- _Required work_: Down to the last line, transcribe the records verbatim and exclude the images.

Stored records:
►

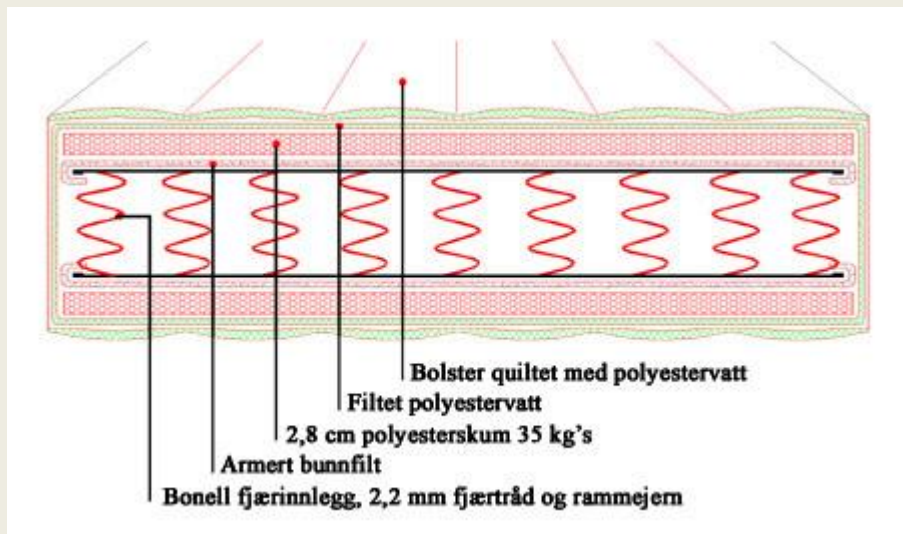

Fjærinnleggsmadrass Favoritt Quilt

Favoritt Quilt er vår mest solgte madrass. Med Bonell fjærinnlegg er dette en fast madrass som passer de fleste. Høyelastisk polyester sammen med filtet (komprimert) polyestervatt gir en behagelig og lun liggeflate. Tiltalende bolster er mønsterquiltet til hvit polyestervatt.

Vi dekker hele spekteret når det gjelder standardstørrelser. Spesialmål produseres greit med lave pristillegg.

Høyden på madrassene er ca. 20 cm.

Mål i cm	Pris
75X190	2 350
70X200	2 350
75X200	2 400
80X200	2 575
85X200	2 750
90X200	2 850
95X200	3 050
100X200	3 190
105X200	3 375
110X200	3 520
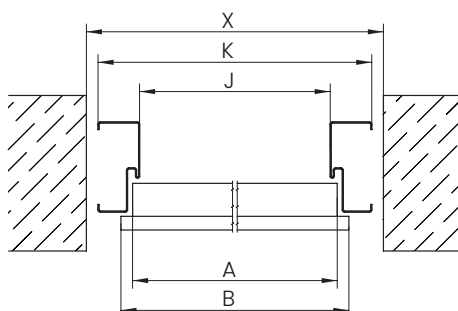

FAP5 FAP6 FAP7 FAP8

FAP9 FAQ1 FAQ2 FAQ3

ASYMETRICKÝ ZÁRUBEŇ S TĚSNĚNÍM
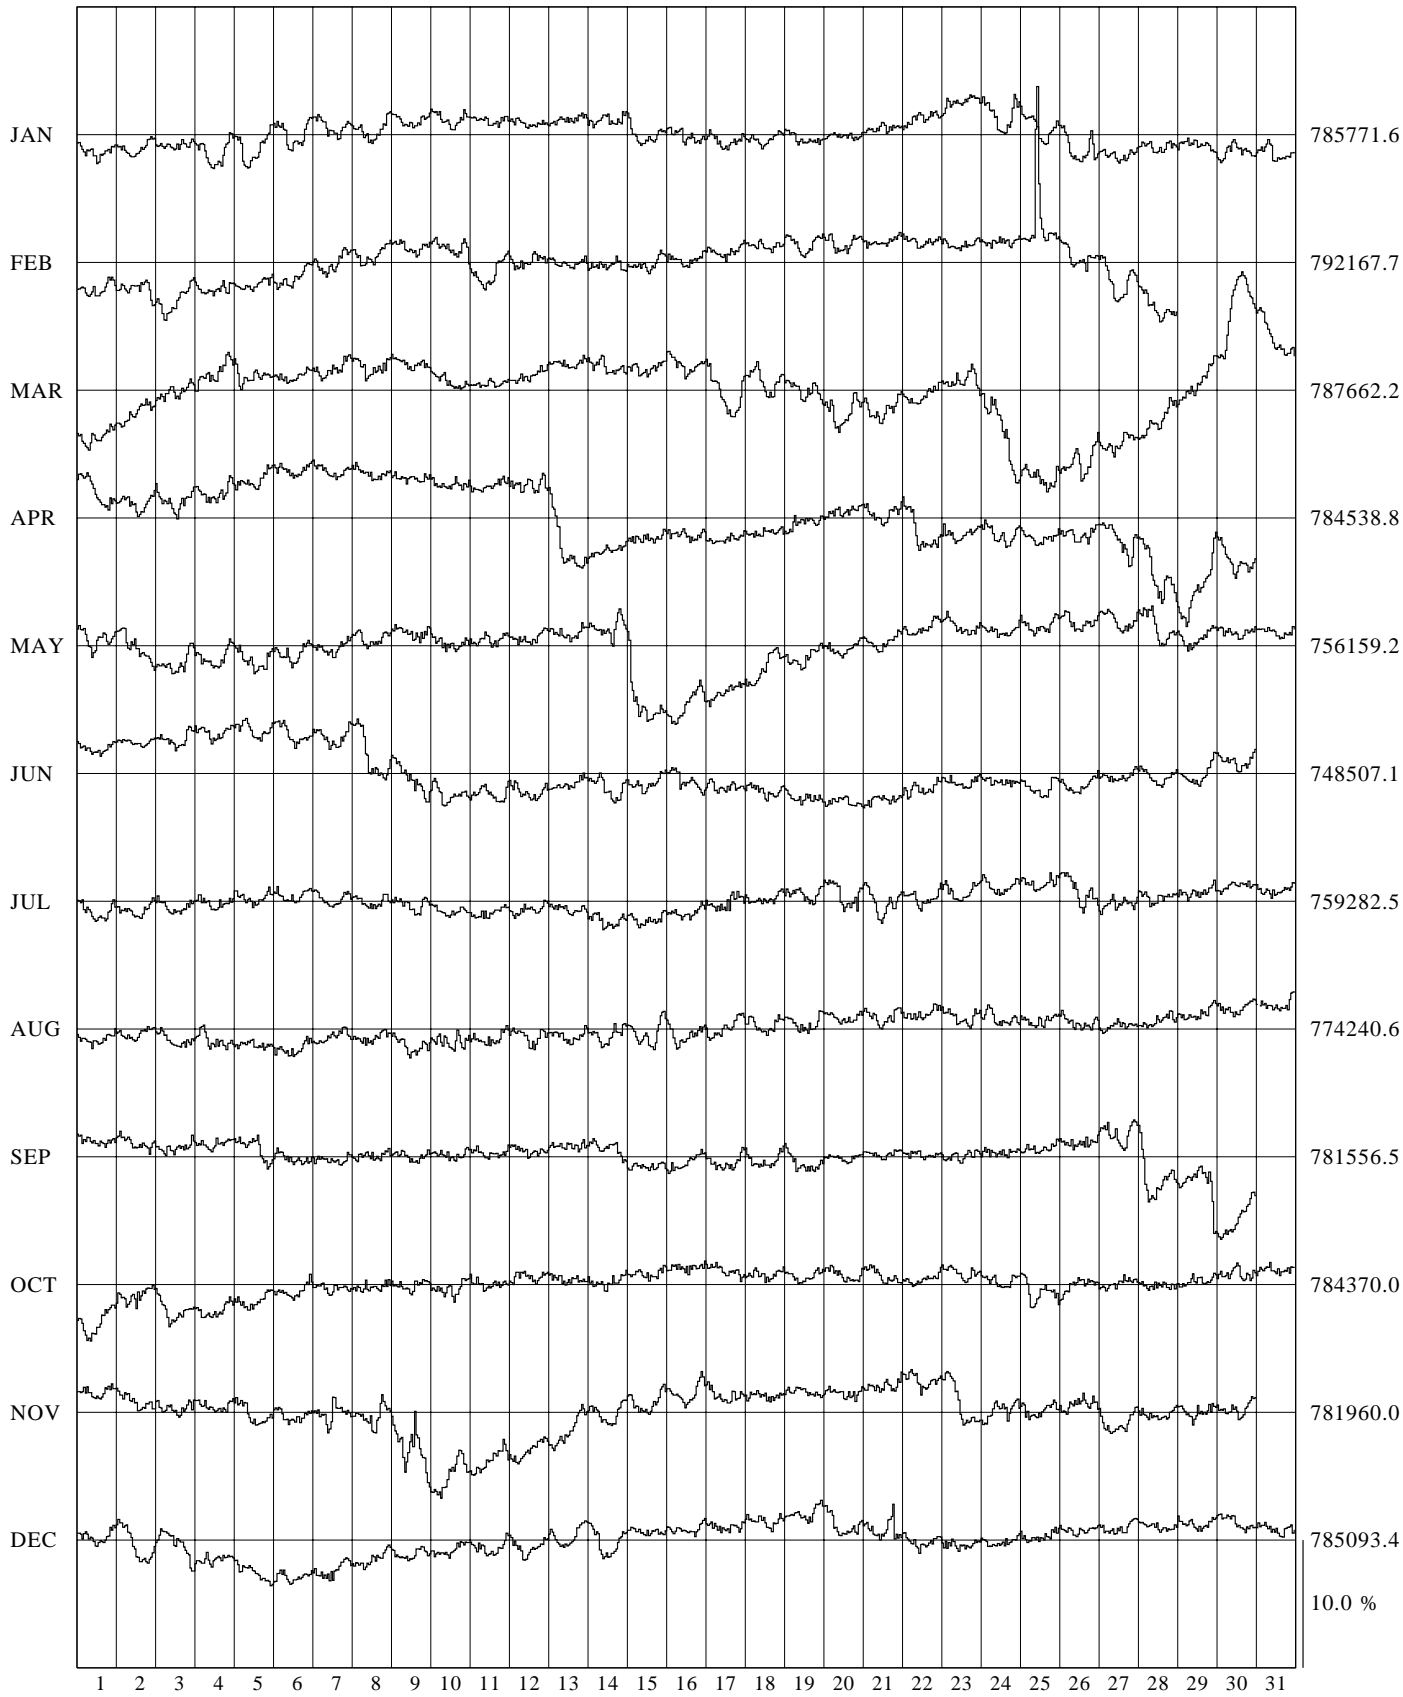

SULPHU N64 PCSA

NEUTRON MONITOR

1969

1 2 3 4 5 6 7 8 9 10 11 12 13 14 15 16 17 18 19 20 21 22 23 24 25 26 27 28 29 30 31 MEAN

10.0 %

776775.8
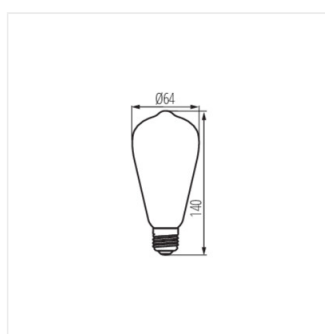

XLED ST64 5W-SW
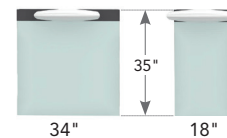

SWEET HOME | DISTINCTION

COMPOSITION D'UN AGENCEMENT

AGENCEMENTS DE BASE

24" à 48"

33" à 48"

48" à 84"

48" à 84"

66" à 84"

N.B. Aussi offert : perçage du comptoir au centre, à droite ou à gauche de la vasque pour robinet mono-commande.

AGENCEMENTS DE BASE

Avec miroir plat ou pharmacie de 18"

AVEC LES COMPOSANTES DE VOTRE CHOIX

E X E M P L E S D E C O M P O S I T I O N

MIROIR OU PHARMACIE

18" ou 34"
long appuyé sur le comptoir ou miroir mural plus court

LINGERIE

GRAND MIROIR MURAL

N.B. Les agencements peuvent être inversés.

SWEET HOME | DISTINCTION
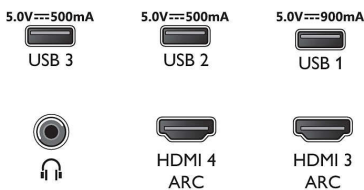

連線能力

- HDMI 連接頭數量: 4
- HDMI 功能: 4K, 音訊回傳頻道
- EasyLink (HDMI-CEC): 遙控傳遞, 系統音訊控制, 系統待機, 單鍵播放
- USB 數量: 3
- 無線網路連線: Wi-Fi 802.11ac, 2x2, 雙頻, 藍牙 5.0
- 其他連接: 數位音訊輸出 (光纖), 乙太網路 - LAN RJ-45, 耳機輸出
- HDCP 2.3: 是: 所有 HDMI
- HDMI ARC: 適用於所有連接埠
- HDMI eARC: 有, HDMI2
- HDMI 2.1: 是: 所有 HDMI 埠, VRR, ALLM, 4K120Hz(HDMI1/HDMI2), FreeSync Premium, G-sync 相容

功率

- 主電源: AC110V ~, 60Hz
- 環境溫度: 5 °C 至 35 °C
- 待機消耗功率: 0.5W
- 省電功能: 自動關閉計時器, 光源感測器, 畫面靜音 (適用於收音機), 環保模式

配件

- 附配件: 法律和安手冊, 電源線, 快速入門指南 (x1), 遙控器, 桌上型立架, 2 枚 AAA 電池

尺寸

- 設備寬度: 1722.7 mm
- 設備高度: 987 mm
- 設備深度: 78.6 mm
- 產品重量: 36.7 kg
- 設備寬度 (含機座): 1722.7 mm
- 設備高度 (含機座): 1008.3 mm
- 設備厚度 (含機座): 310.0 mm
- 產品重量 (+ 機座): 38.0 kg
- 包裝盒寬度: 1950.0 mm
- 包裝盒高度: 1170.0 mm
- 包裝盒深度: 200.0 mm
- 產品含包裝重量: 50.0 kg
- 壁掛尺寸: 400 x 300 公釐

Connections

Side

Down

發行日期 2024-06-07

版本: 5.1.1

EAN: 87 18863 03274 9

© 2024 Koninklijke Philips N.V.
所有權利均予保留。

規格若有變更恕不另行通知。商標為 Koninklijke Philips N.V. 或其個別所有者的財產。
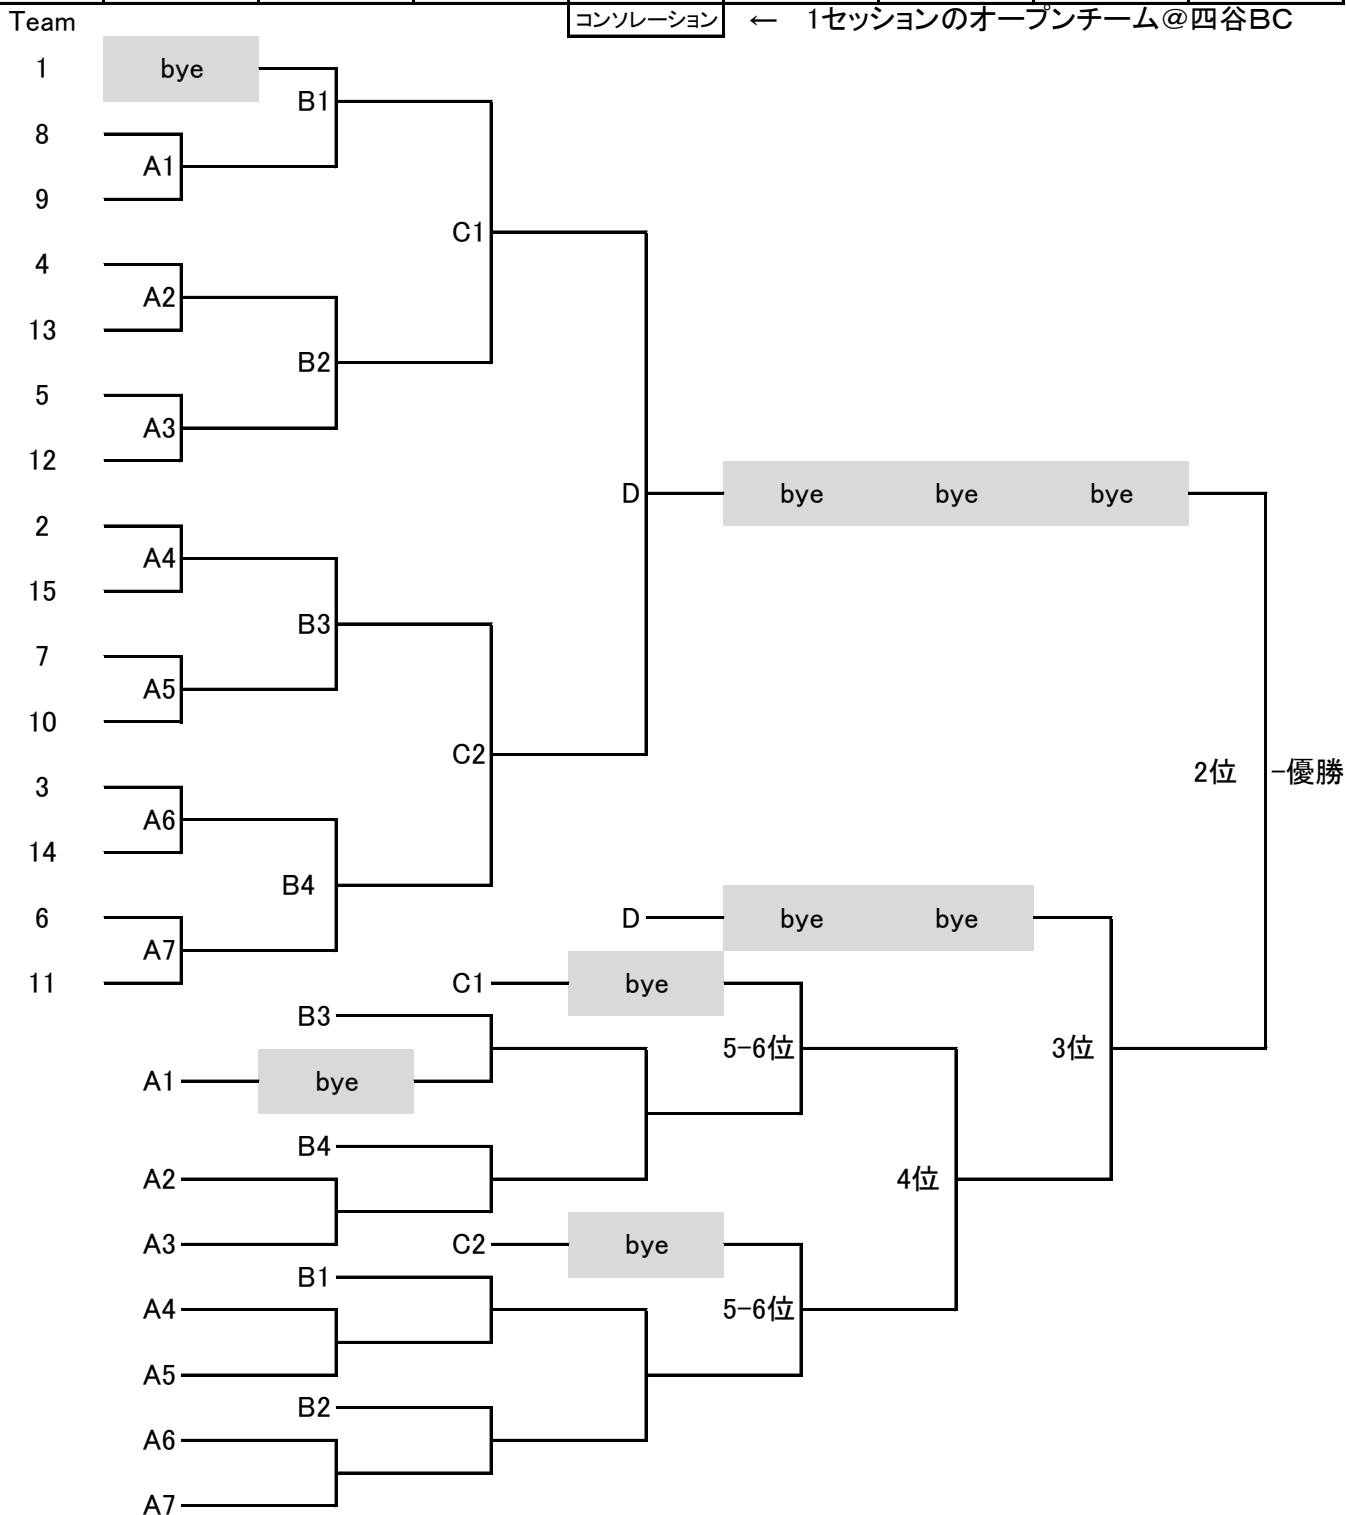

高松宮記念杯対戦表(16チーム)

会場	四谷ブリッジセンター							
対戦日	1日目		2日目		3日目		4日目	
開始時間	10:30	14:30	10:30	14:30	10:30	14:30	10:30	14:30 Aのみ15:10
ラウンド	Rd.1	Rd.2	Rd.3	Rd.4	Rd.5	Rd.6	Rd.7	Rd.8

1敗チーム同士の対戦では、可能な限り再戦を避けるよう対戦を調整します。

高松宮記念杯対戦表(15チーム)

会場	四谷ブリッジセンター							
月日	1日目		2日目		3日目		4日目	
開始時間	10:30	14:30	10:30	14:30	10:30	14:30	10:30	14:30 Aのみ15:10
ラウンド	Rd.1	Rd.2	Rd.3	Rd.4	Rd.5	Rd.6	Rd.7	Rd.8

1敗チーム同士の対戦では、可能な限り再戦を避けるよう対戦を調整します。

◄

- _Written solution_:
Fjærinnleggsmadrass Favoritt Quilt

Favoritt Quilt er vår mest solgte madrass. Med Bonell fjærinnlegg er dette en fast madrass som passer de fleste. Høyelastisk polyester sammen med filtet (komprimert) polyestervatt gir en behagelig og lun liggeflate. Tiltalende bolster er mønsterquiltet til hvit polyestervatt.

Vi dekker hele spekteret når det gjelder standardstørrelser. Spesialmål produseres greit med lave pristillegg.

Høyden på madrassene er ca. 20 cm.

Mål i cm	Pris
75X190	2 350
70X200	2 350
75X200	2 400
80X200	2 575
85X200	2 750
90X200	2 850
95X200	3 050
100X200	3 190
105X200	3 375
110X200	3 520

FAP5 FAP6 FAP7 FAP8

FAP9 FAQ1 FAQ2 FAQ3

ASYMETRICKÝ ZÁRUBEŇ S TĚSNĚNÍM

SULPHU N64 PCSA

NEUTRON MONITOR

1969

1 2 3 4 5 6 7 8 9 10 11 12 13 14 15 16 17 18 19 20 21 22 23 24 25 26 27 28 29 30 31 MEAN

10.0 %

776775.8

XLED ST64 5W-SW

SWEET HOME | DISTINCTION

COMPOSITION D'UN AGENCEMENT

AGENCEMENTS DE BASE

24" à 48"

33" à 48"

48" à 84"

48" à 84"

66" à 84"

N.B. Aussi offert : perçage du comptoir au centre, à droite ou à gauche de la vasque pour robinet mono-commande.

AGENCEMENTS DE BASE

Avec miroir plat ou pharmacie de 18"

AVEC LES COMPOSANTES DE VOTRE CHOIX

E X E M P L E S D E C O M P O S I T I O N

MIROIR OU PHARMACIE

18" ou 34"
long appuyé sur le comptoir ou miroir mural plus court

LINGERIE

GRAND MIROIR MURAL

N.B. Les agencements peuvent être inversés.

SWEET HOME | DISTINCTION

連線能力

- HDMI 連接頭數量: 4
- HDMI 功能: 4K, 音訊回傳頻道
- EasyLink (HDMI-CEC): 遙控傳遞, 系統音訊控制, 系統待機, 單鍵播放
- USB 數量: 3
- 無線網路連線: Wi-Fi 802.11ac, 2x2, 雙頻, 藍牙 5.0
- 其他連接: 數位音訊輸出 (光纖), 乙太網路 - LAN RJ-45, 耳機輸出
- HDCP 2.3: 是: 所有 HDMI
- HDMI ARC: 適用於所有連接埠
- HDMI eARC: 有, HDMI2
- HDMI 2.1: 是: 所有 HDMI 埠, VRR, ALLM, 4K120Hz(HDMI1/HDMI2), FreeSync Premium, G-sync 相容

功率

- 主電源: AC110V ~, 60Hz
- 環境溫度: 5 °C 至 35 °C
- 待機消耗功率: 0.5W
- 省電功能: 自動關閉計時器, 光源感測器, 畫面靜音 (適用於收音機), 環保模式

配件

- 附配件: 法律和安手冊, 電源線, 快速入門指南 (x1), 遙控器, 桌上型立架, 2 枚 AAA 電池

尺寸

- 設備寬度: 1722.7 mm
- 設備高度: 987 mm
- 設備深度: 78.6 mm
- 產品重量: 36.7 kg
- 設備寬度 (含機座): 1722.7 mm
- 設備高度 (含機座): 1008.3 mm
- 設備厚度 (含機座): 310.0 mm
- 產品重量 (+ 機座): 38.0 kg
- 包裝盒寬度: 1950.0 mm
- 包裝盒高度: 1170.0 mm
- 包裝盒深度: 200.0 mm
- 產品含包裝重量: 50.0 kg
- 壁掛尺寸: 400 x 300 公釐

Connections

Side

Down

發行日期 2024-06-07

版本: 5.1.1

EAN: 87 18863 03274 9

© 2024 Koninklijke Philips N.V.
所有權利均予保留。

規格若有變更恕不另行通知。商標為 Koninklijke Philips N.V. 或其個別所有者的財產。

高松宮記念杯対戦表(16チーム)

会場	四谷ブリッジセンター							
対戦日	1日目		2日目		3日目		4日目	
開始時間	10:30	14:30	10:30	14:30	10:30	14:30	10:30	14:30 Aのみ15:10
ラウンド	Rd.1	Rd.2	Rd.3	Rd.4	Rd.5	Rd.6	Rd.7	Rd.8

1敗チーム同士の対戦では、可能な限り再戦を避けるよう対戦を調整します。

高松宮記念杯対戦表(15チーム)

会場	四谷ブリッジセンター							
月日	1日目		2日目		3日目		4日目	
開始時間	10:30	14:30	10:30	14:30	10:30	14:30	10:30	14:30 Aのみ15:10
ラウンド	Rd.1	Rd.2	Rd.3	Rd.4	Rd.5	Rd.6	Rd.7	Rd.8

1敗チーム同士の対戦では、可能な限り再戦を避けるよう対戦を調整します。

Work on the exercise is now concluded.